Can you tell me of any good and speculative foreigners to whom it would be worth while to send copies of my book, on the ‘Origin of Species’?…I should like to send a few copies about, but how many I can afford I know not yet till I hear what price Murray affixes.

Emerson, among countless others, made sure that copies of his books were sent to all the important New York editors, listing each one by name, while Aleister Crowley eventually took over the job of selling the unsold copies of his books himself, and indignantly noted, against the rumors circulating in London, that his decision to leave his publisher “had nothing at all to do with the strangling of any woman.” (I know that this last story is a little off-topic, but I couldn’t resist.)
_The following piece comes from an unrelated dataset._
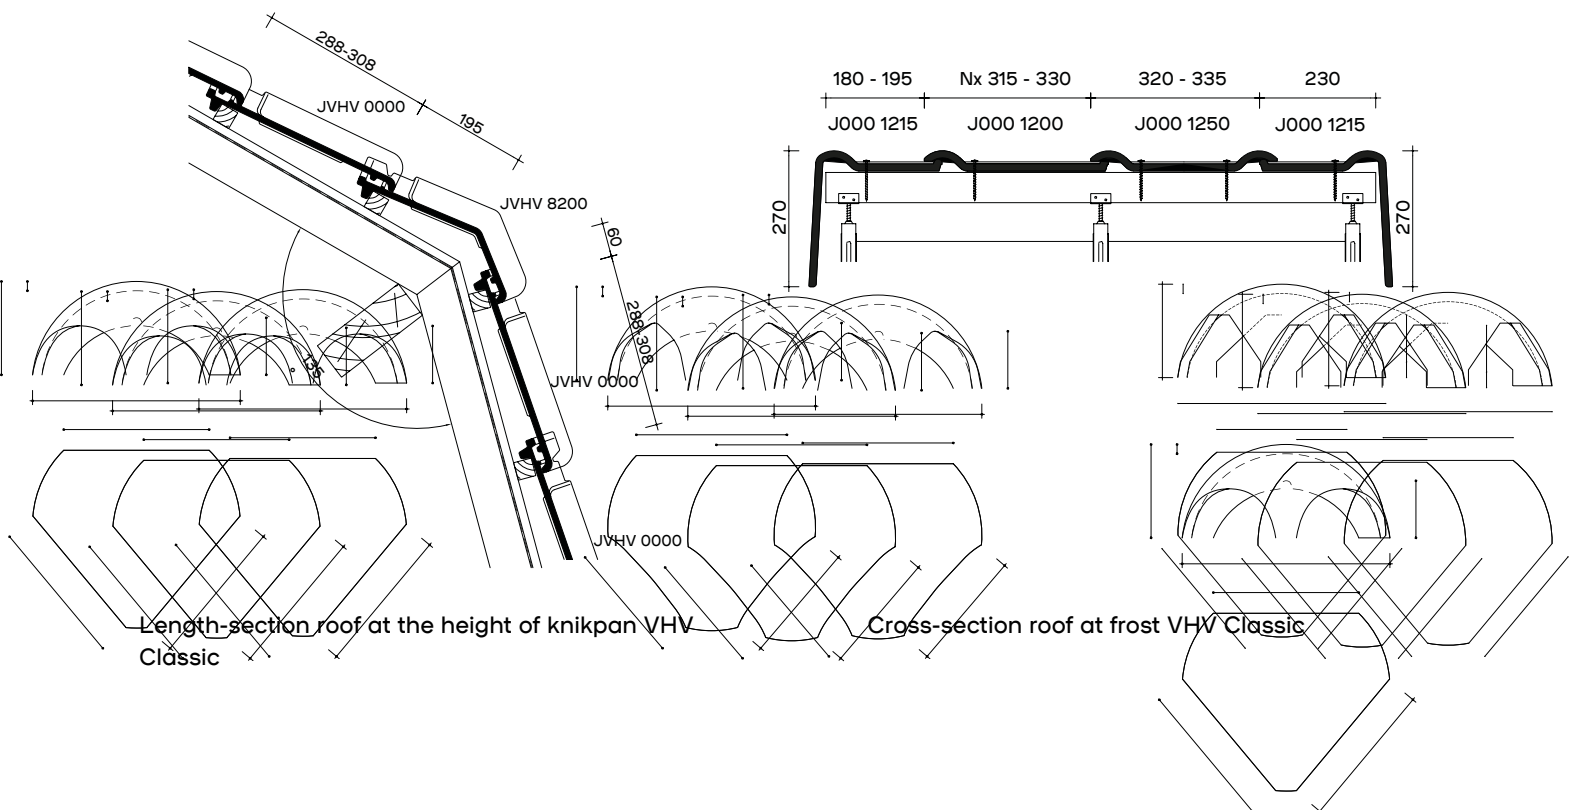

Cross-section roof at the height of pan with double well - VHV Classic

Length-section roof at the height of knikpan VHV Classic

Cross-section roof at frost VHV Classic

As for my own copies, I’ll keep a few around the house, one to read, one for the archives in a mylar bag, and a couple of spares for emergencies. I owe copies to a number of people thanked in the acknowledgments, including those who kindly read earlier versions of the novel. As for the rest, they’ll probably end up in various hands, maybe even yours, if I ever get around to figuring out some kind of giveaway. (But don’t let that stop you from buying your own copy, just in case.) In the meantime, though, it’s nice to see them all lined up in one place, before they wander off to make their way in the world, and in this respect, if no other, I feel a little like Thomas Wolfe, who stared at copies of his first book in a store window so intently that somebody called the police.